Fleck and Boden bizarrely present Drey as Dunne’s soul mate. Through this cowardly, sentimental nonsense, Drey remains much less than “the keeper of our conscience.” That unique phrase is how William Faulkner described the deep-rooted, unconscious humanism that holds whites in thrall to blacks; it was memorably, dramatically transcribed in Clarence Brown’s great 1949 film of Faulkner’s Intruder in the Dust. (In that movie, a white child who learned to understand a black adult’s dignity stood in for the nation’s gradual, post-WWII enlightenment.)
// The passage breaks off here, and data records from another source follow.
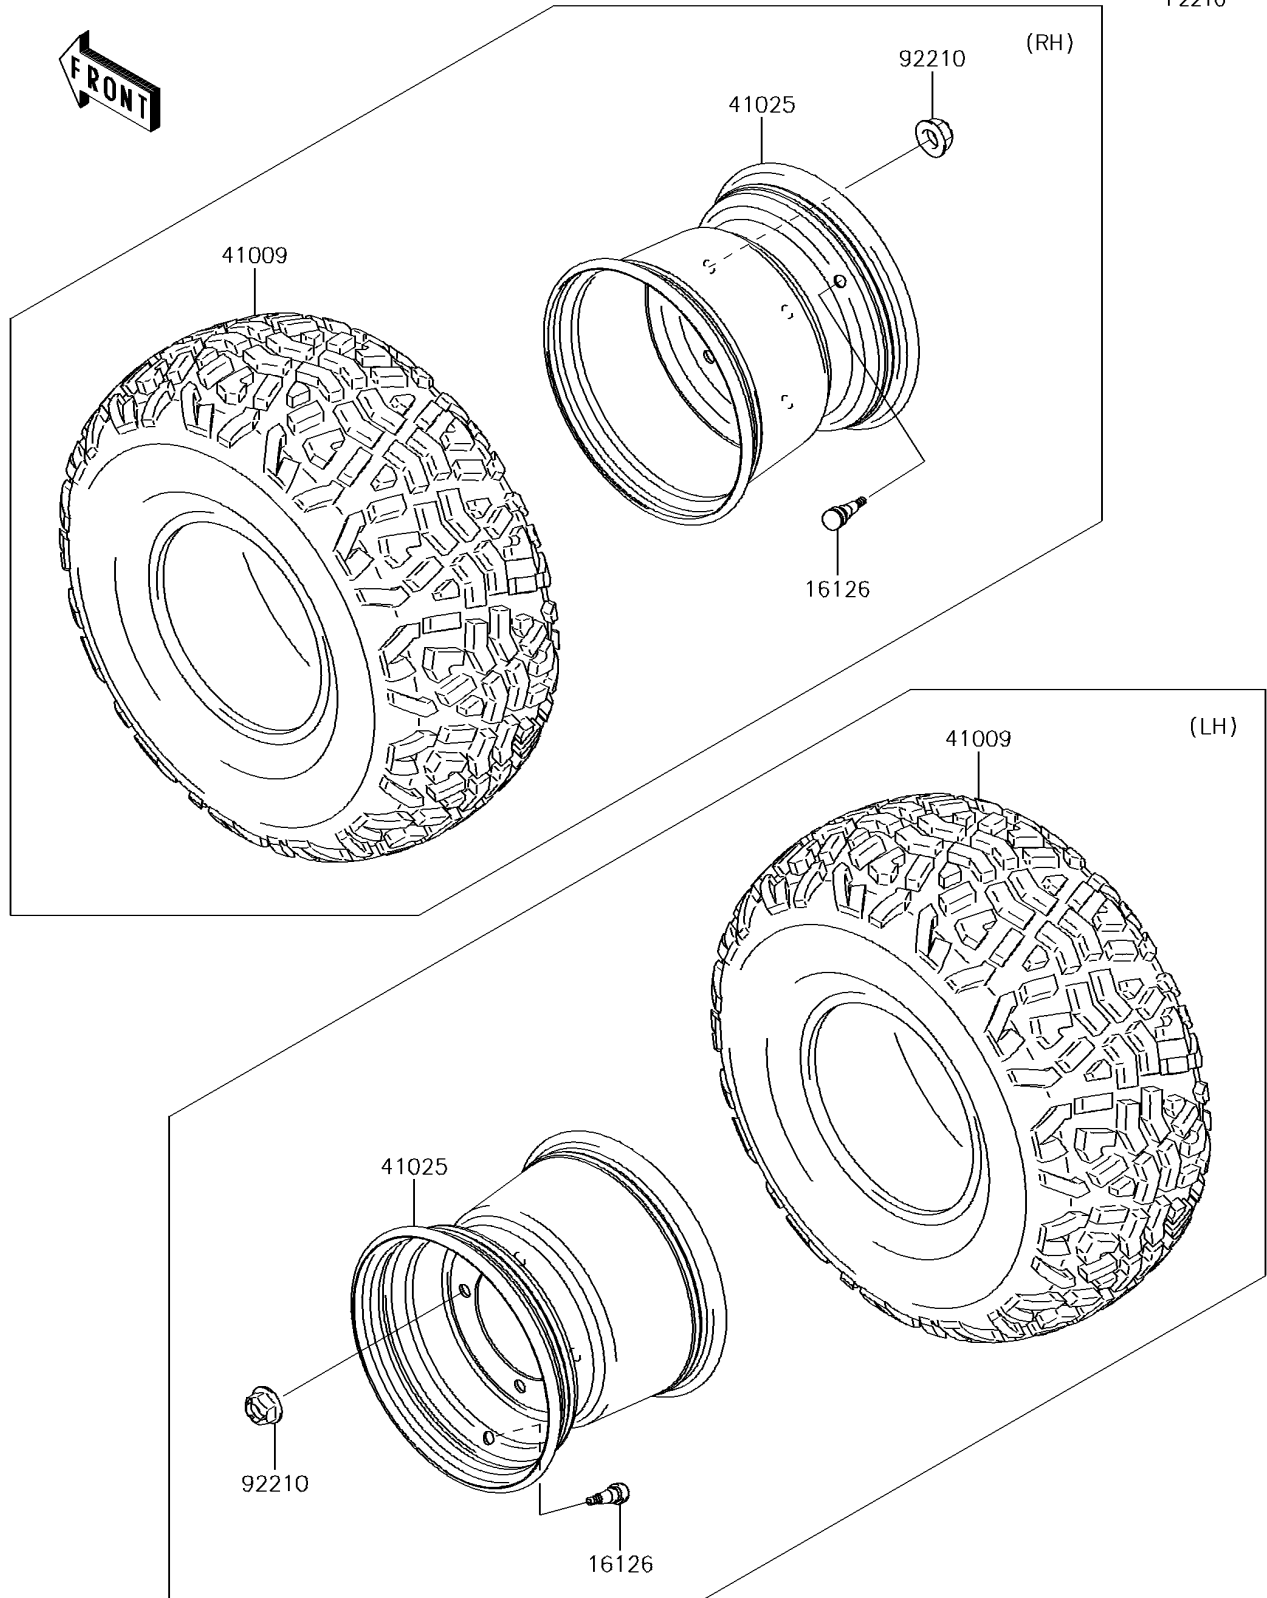

2017 MULE™ 4010 4x4

PARTS DIAGRAM

Wheels/Tires

F2210

2017 MULE™ 4010 4x4

PARTS LIST

Wheels/Tires

ITEM NAME	PART NUMBER	QUANTITY
VALVE (Ref # 16126)	16126-4001	4
TIRE,23X11.00-10 4PR (Ref # 41009)	41009-0294	4
RIM,10X8.5AT,F.S.BLACK (Ref # 41025)	41025-7504-397	4
NUT,12MM (Ref # 92210)	92210-0603	16
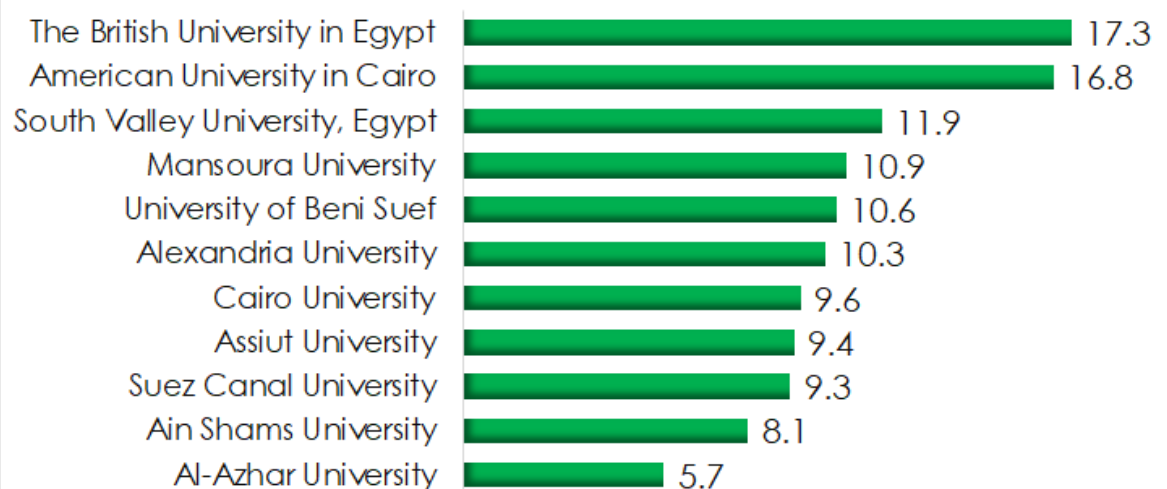

% Publications in Top 5% Journals, 2017 (Scopus)
BUE vs. QS & Times Higher Education Top-Ranked
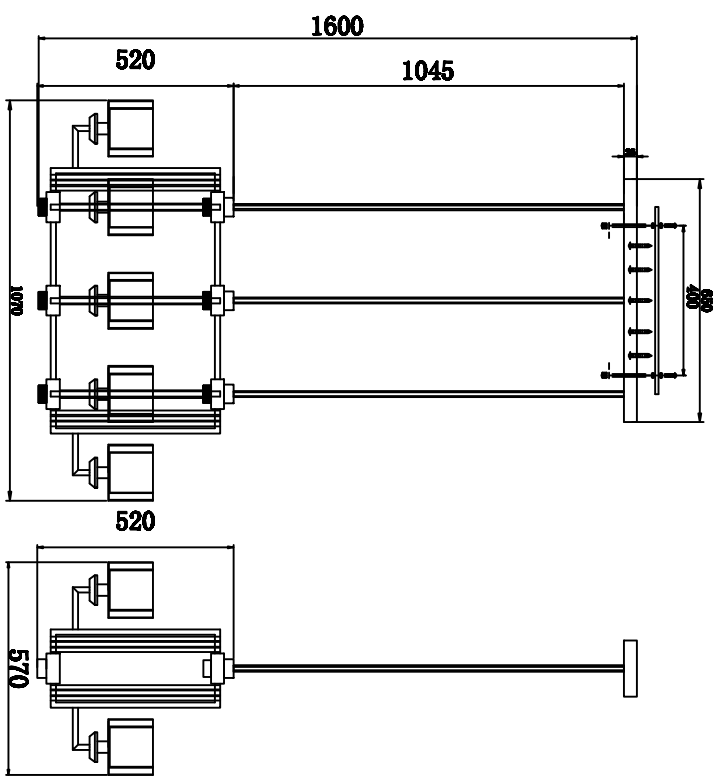

MODEL: 4408/S

Safety precautions:

1. The power do not exceed the prescribed range (rated voltage AC220-240V 50Hz).
2. Please cut off the power supply while replacing the light source and other maintenance operation.
3. The plate fixed on the ceiling must be able to withstand the weight more than 3 times of the object.
4. After installation is complete, check the glass right or not? If it is damaged, it should be replaced immediately.
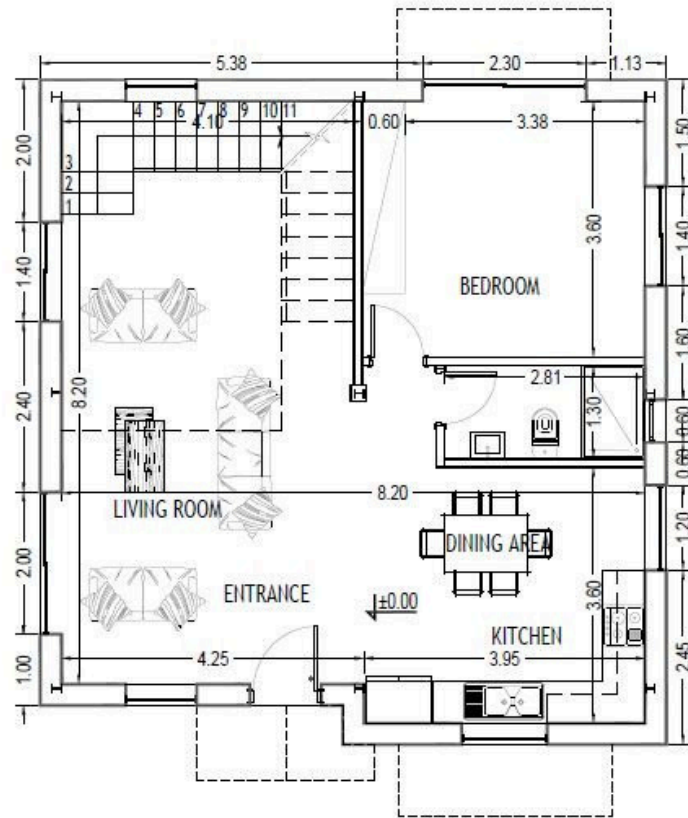

## Specifications

Bedrooms

4

Bathrooms

2

Covered

142 m<sup>2</sup>

Type

**House**

Plot

**420 m<sup>2</sup>**

Status

**Under construction**

## Description

For sale is stone house, offering ample space for comfortable living. With an internal area of 142 square meters, this property features four spacious bedrooms and two well-appointed bathrooms, perfect for families or those looking for extra room.

# Floor plans
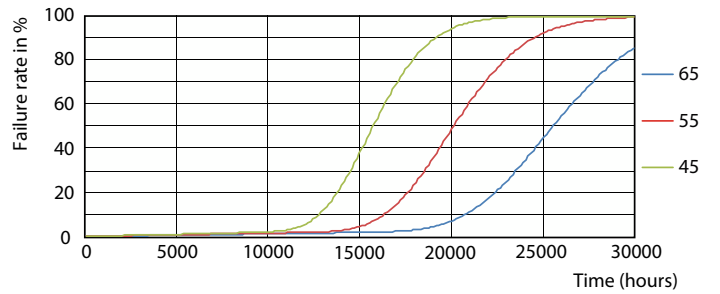

Dimensional drawing

Product	D1	D2	A1	A2	A3
Ecofit LEDtube 600mm 8W 840 T8	25.7 mm	28 mm	588.5 mm	595.5 mm	602.5 mm

Photometric data

Spectral Power Distribution Colour - Ecofit LEDtube 600mm 8W 840 T8

Light Distribution Diagram - Ecofit LEDtube 600mm 8W 840 T8

Ecofit Ledtubes T8

Photometric data

© 2023 Philips Lighting B.V. Page 11

General uniform lighting - Ecofit LEDtube 600mm 8W 840 T8

Lifetime

LifetimeVsTc

FailureRate

Life Expectancy Diagram
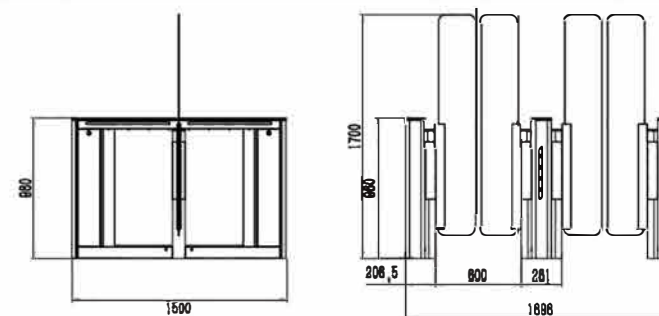

产品尺寸 Product size

▶ 通道宽 Pass width
550m

▶ 产品尺寸 Product Size
1500*300*1700 mm

▶ 红外 Sensor pairs
7对
7 pairs

▶ 材质 Material
白色大理石+太阳板雪花砂
厚度12/2.0mm
White marble+No.4 polish
stainless steel 12/2.0mm

产品尺寸 Product size

▶ 通道宽 Pass width
600-900mm

▶ 产品尺寸 Product Size
1400*140*1000 mm

▶ 红外 Sensor pairs
8对
Infrared sensor 28 pairs

▶ 材质 Material
冷板烤漆 厚度2.0mm
Cold roller with power coated
2.0mm

产品尺寸 Product size

▶ 通道宽 Pass width
600mm

▶ 产品尺寸 Product Size
1500*140*1700 mm

▶ 红外 Sensor pairs
12对
Button-shaped infrared 4 pairs

▶ 材质 Material
白色大理石+雪花砂 厚度12/2.0mm
White marble+No.4 polish
stainless steel 12/2.0mm

产品尺寸 Product size

▶ 通道宽 Pass width
600-900mm
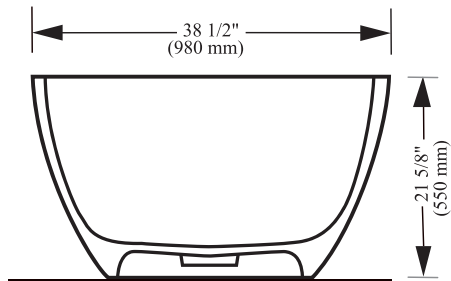

diamond SERIES

GLT3971FSWH	39X71 FREESTANDING WH MATTE FINISH
GLT3971FSPWH	39X71 FREESTANDING WH POLISHED FINISH

Diamond series only available in white.

diamond freestanding specifications

71 1/4" Length overall

38 5/8" Width overall

21 1/2" Overall height

Capacity: 169 gallons

Drain Position: Center
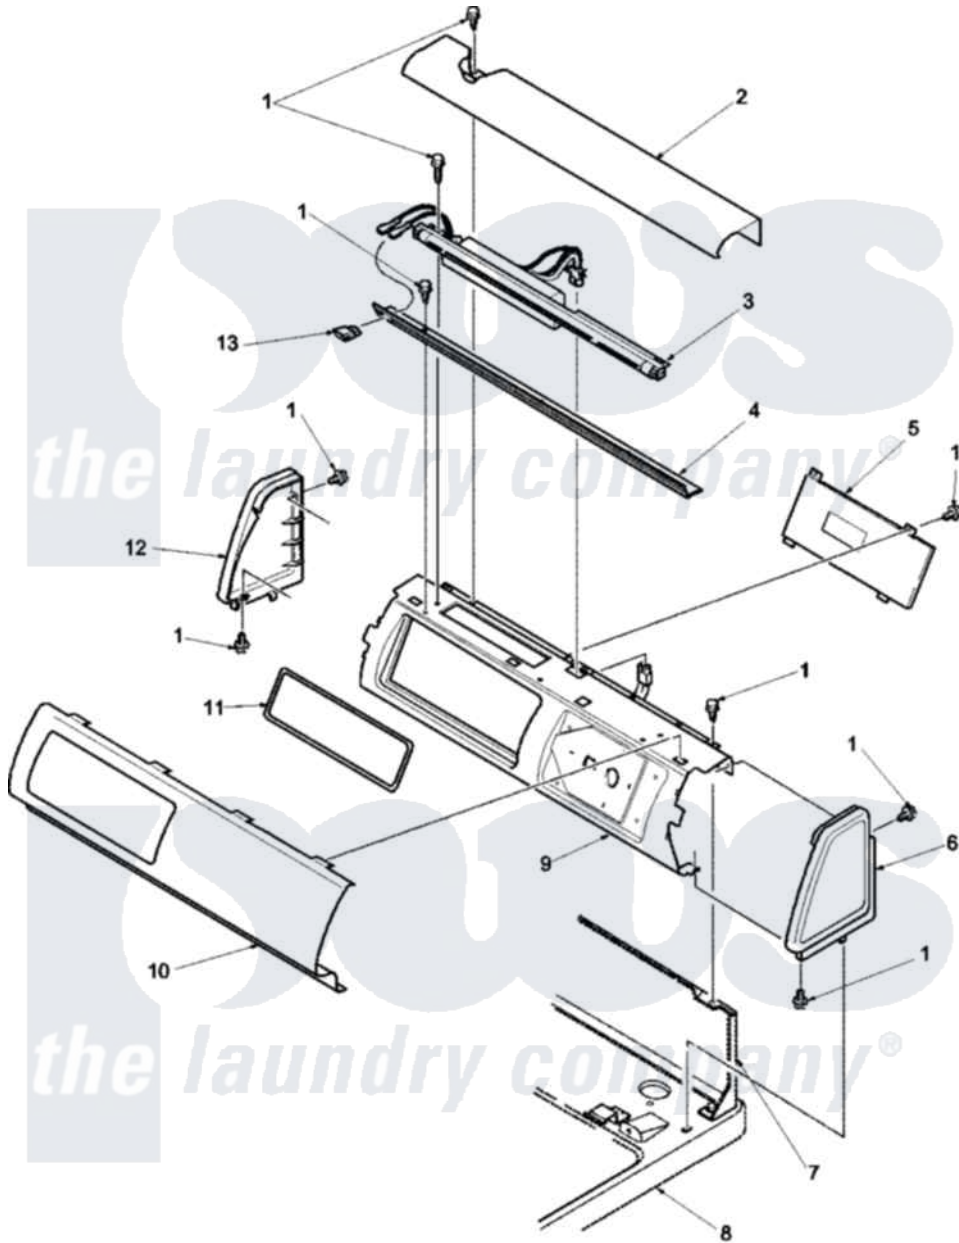

# Amana LEA90AL (BOM: PLEA90AL) 02 - CONTROL PANEL

Amana [Residential Amana LEA90AL \(BOM: PLEA90AL\) Dryer Parts](#) Parts Diagram 02 - CONTROL PANEL  
 Click on the part number to view part

Item	Original Part Number	Replaced By	Status	Part Description
2	500303L		Not Available	COVER, TOP xREPLACE
3	<a href="#">34836</a>			Assembly, Fluorescent Light
4	500308		Not Available	DIFFUSER W/HOLE
5	504184L		Not Available	ASSY, ELECTRONIC CONT
6	34817L		Not Available	PANEL, END-RH
7	Y00000000		Not Available	SEE NOTE SEE NOTE PANEL, HOME HOOD BACK
8	Y00000000		Not Available	SEE NOTE SEE NOTE CABINET, DRYER
9	<a href="#">500301</a>			Bracket, Electronic Control
10	500529L		Not Available	PANEL, GRAPHICS
11	Y500528		Not Available	GASKET, ELECTRONIC CONTROL
12	34818L		Not Available	PANEL, END-LH
13	38424L	<a href="#">38424W</a>		Switch, Rocker
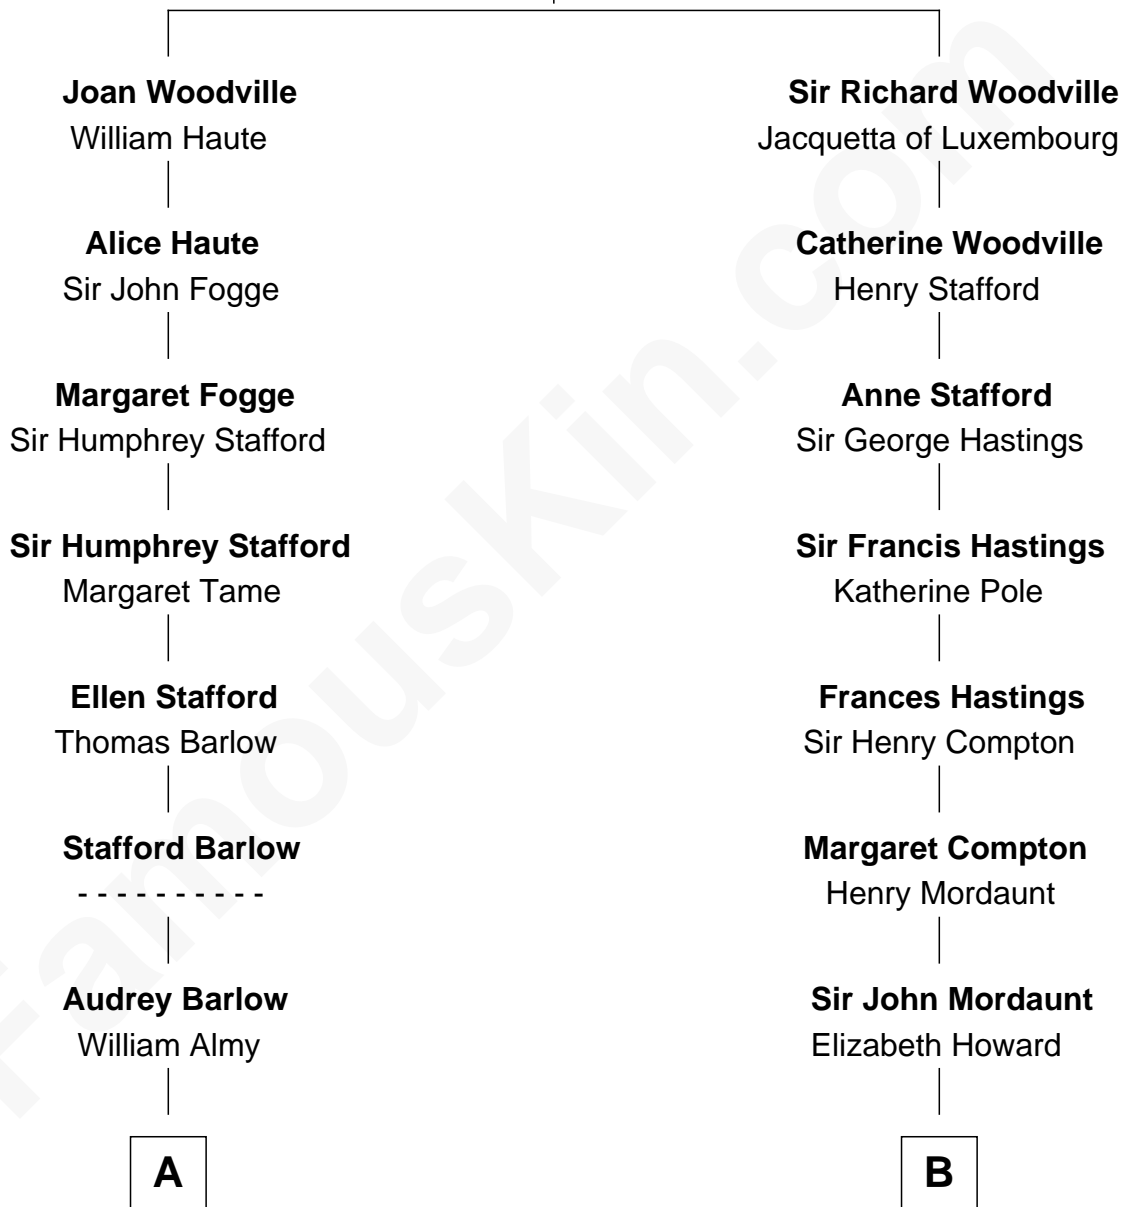

FamousKin.com Relationship Chart of

William Greene

2nd Governor of Rhode Island

10th cousin 7 times removed of

Prince William

Prince of Wales

Richard Woodville

Joan Bedlisgate

William Greene photo by [Sarnold17](#) (CC BY-SA 3.0)

William photo by [InSapphoWeTrust](#) (CC BY-SA 2.0)

Today, Fleck and Boden flaunt their post-9/11 liberal bona fides (not their consciences) through Noam Chomsky/William Zinn asides. Half Nelson contains button-pushing references to history that intersperse each sequence and are read aloud by Dunne’s naive students. The point here: their gradual indoctrination to liberal ideology—and vague class struggle—as a form of enlightenment. (Although it hasn’t helped Dunne any.) All this makes Half Nelson the fakest, most infuriating film on race relations since Boaz Yakin made a hero out of a 14-year-old ghetto Machiavelli who vanquished adult drug-dealers in the 1994 Fresh. Sure enough, Yakin is thanked in the end credits of Half Nelson. I unthank him.

-Armond White
*Recognizes Everything Stelo has ever said about the film can be found in White's review [pic] *


Of course he didn't... [pic]
 07-01-2012, 01:10 AMaway - #6260
TH35
Originally Posted by Illstreet
BTW, "Zodiac" is Fincher's best...

But this debate was already done like 6 months ago.[pic]
Meh... we're wrong critically its the Social Network but lets just move on.